У ученого отвисла челюсть. Он переводил взгляд с одного священника на другого, явно не веря им.
— Это правда? — спросил он после долгого молчания.
Аббат кивнул.
— И вы разрешили нам остаться здесь?
— У нас нет секретов. Ваши спутники вольны заниматься своими исследованиями, если пожелают. Я не собираюсь спрашивать, для чего им нужны эти сведения. Предположение Поэта, конечно, сплошная фантазия.
— Конечно, — тихо сказал дон, не глядя на аббата.
— Несомненно, у вашего властителя нет агрессивных амбиций в этом районе, как намекает Поэт.
— Конечно, нет.
— А если даже и есть, я уверен, что он будет настолько мудр — или, по крайней мере, у него будут достаточно мудрые советники, — чтобы понять, что ценность аббатства как хранилища мудрости древних во много раз больше, чем в качестве крепости.
Дон уловил просительные нотки в голосе аббата, еле внятную мольбу о помощи, и было видно, что он размышлял об этом, небрежно ковыряясь в еде.

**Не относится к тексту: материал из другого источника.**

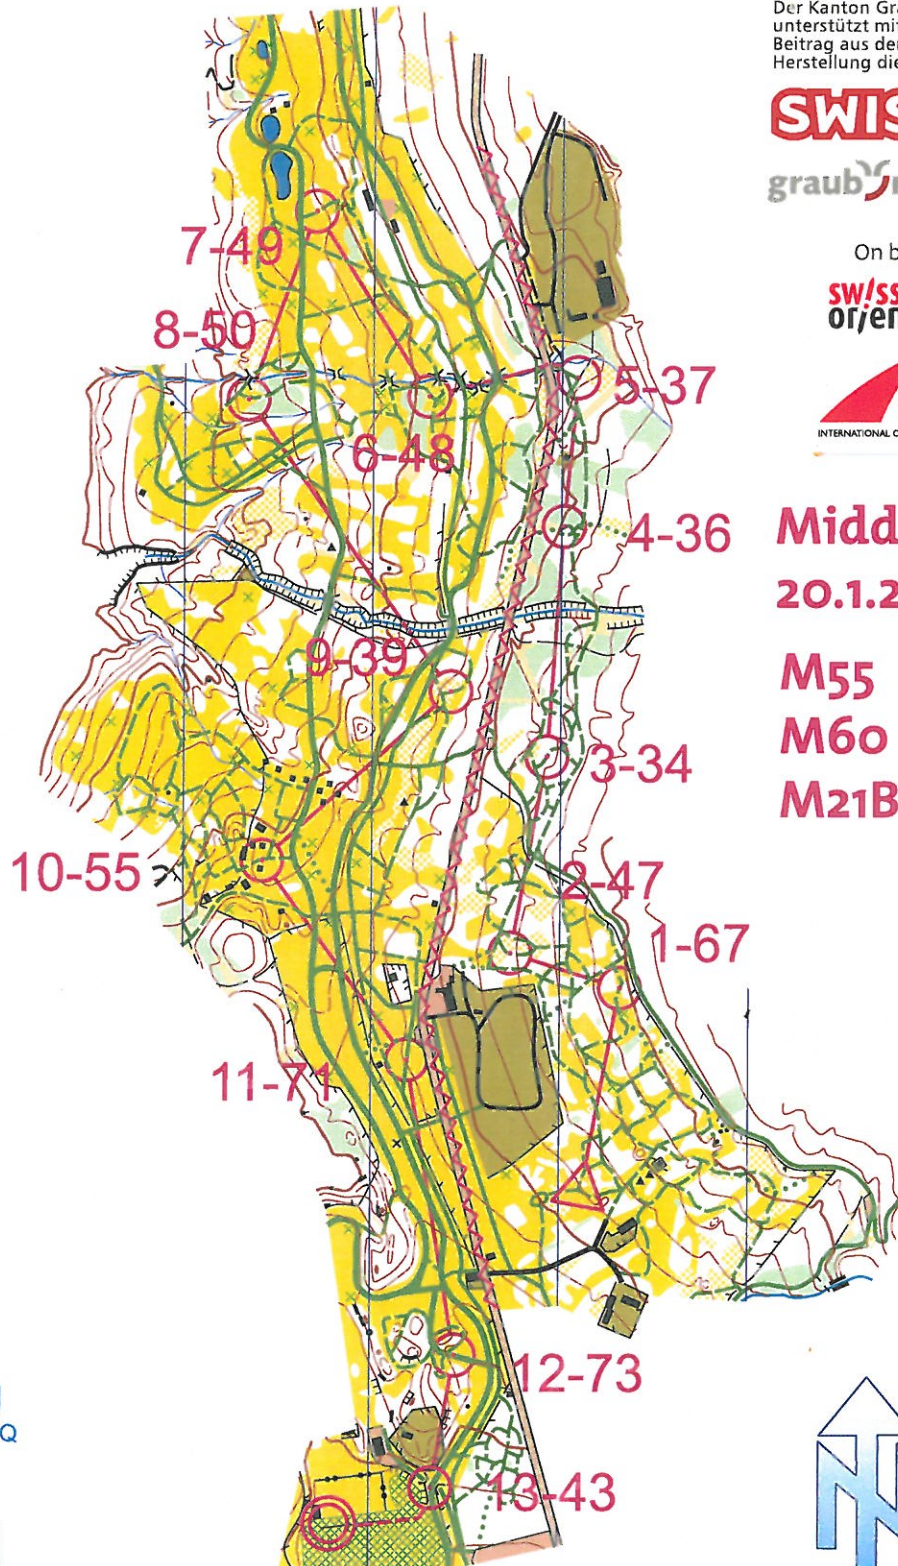

Lantsch/Lenz

San Cassian - Biathlon Arena
Masstab 1:10'000
Äquidistanz 5m

World Masters
Championships
SKI ORIENTEERING

graubünden

Main sponsors:

SPORT
HEART

Lenzerheide
Somme hochzwei

Der Kanton Graubünden
unterstützt mit einem finanziellen
Beitrag aus dem Sport-Fonds die
Herstellung dieser Ski-OL-Karte.

SWISSLOS

graubünden SPORT

On behalf of:

sw/SSSKI
orienteering

IOF
INTERNATIONAL ORIENTEERING FEDERATION

Middle 1
20.1.2015

M55
M60
M21B

swiss
orienteering

Ski-OL Karte 1791Q
Kartenkonsulent
Hanspeter Oswald
Geprüft 2015

Lantsch/Lenz

St. Cassian - Golfplatz -
Biathlon Arena
Masstab 1:10'000
Äquidistanz 5m

Herausgeber
Kartographie

Ski-O Swiss, OLG Chur
Gian-Reto Schaad,
Steinhausen, 01.2015
ISSkiOM 2014
762/175

Kartenspezifikation
Koordinaten

World Masters
Championships
SKI ORIENTEERING

graubünden

Middle 2

Main sponsors:

Der Kanton Graubünden
unterstützt mit einem finanziellen
Beitrag aus dem Sport-fonds die
Herstellung dieser Ski-OL-Karte.
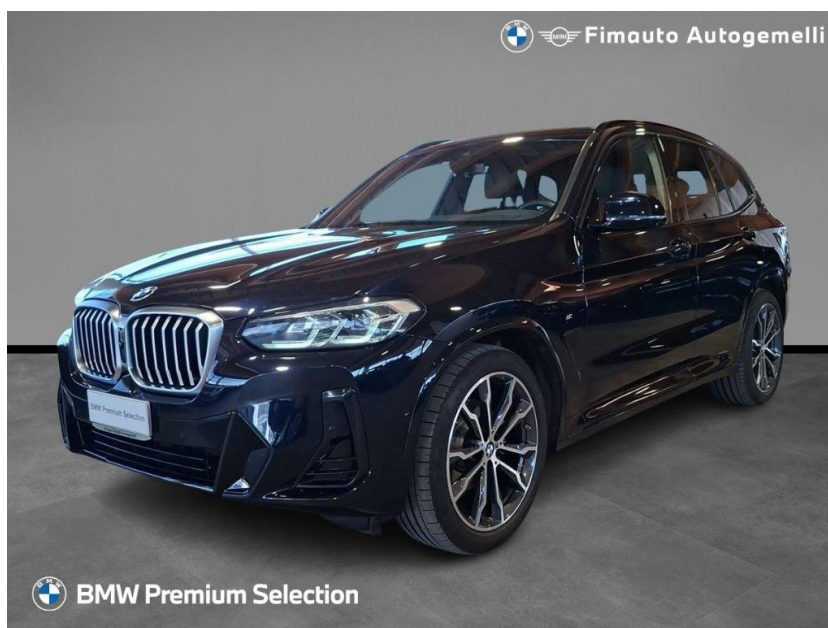

BMW X3

xDrive20d 48V Msport Aut.

Garanzia **casa(24 mesi)**

Alimentazione: **Diesel**

Cilindrata: **1995 cc**

Potenza: **190 CV (140 kW)**

Cambio: **Automatico**

Colore: **Blu Metallizzato**

— Мы еще поговорим об этом деле, прежде, чем я вернусь в коллегиум, — тихо пообещал он после долгого молчания.
Тень неприязни, возникшая во время пира, стала постепенно исчезать, когда началось послетрапезное пение во внутреннем дворе, и исчезла совершенно, когда пришло время лекции, которую ученый должен был читать в Большом зале. Замешательство прошло, вновь уступив место сердечности.
Дом Пауло подвел дона к кафедре. Голт и секретарь дона, следуя за ними, присоединились к ним на помосте. Горячие аплодисменты раздались после слов аббата, представившего дона. Тишина, последовавшая за этим, напоминала молчание зала суда в ожидании приговора. Ученый не был прирожденным оратором, но приговор удовлетворил толпу монахов.
— Я ошарашен тем, что мы здесь нашли, — признался он. — Несколько недель тому назад я не поверил бы, что после падения последней могучей цивилизации могут еще сохраниться такие записи, какие имеются в вашей Книге Памяти. В это и сейчас трудно поверить, но обстоятельства заставляют нас принять гипотезу, что документы подлинные. То, что они сохранились, само по себе невероятно. Но еще фантастичнее для меня то, что они оставались незамеченными вплоть до нашего времени. И раньше были люди, способные определить их потенциальную ценность… не только я. Что бы мог сделать с ними дон Кацлер, когда был жив… семьдесят лет тому назад! Если бы я знал об этих источниках десять лет тому назад, большинство моих трудов по оптике были бы просто не нужны.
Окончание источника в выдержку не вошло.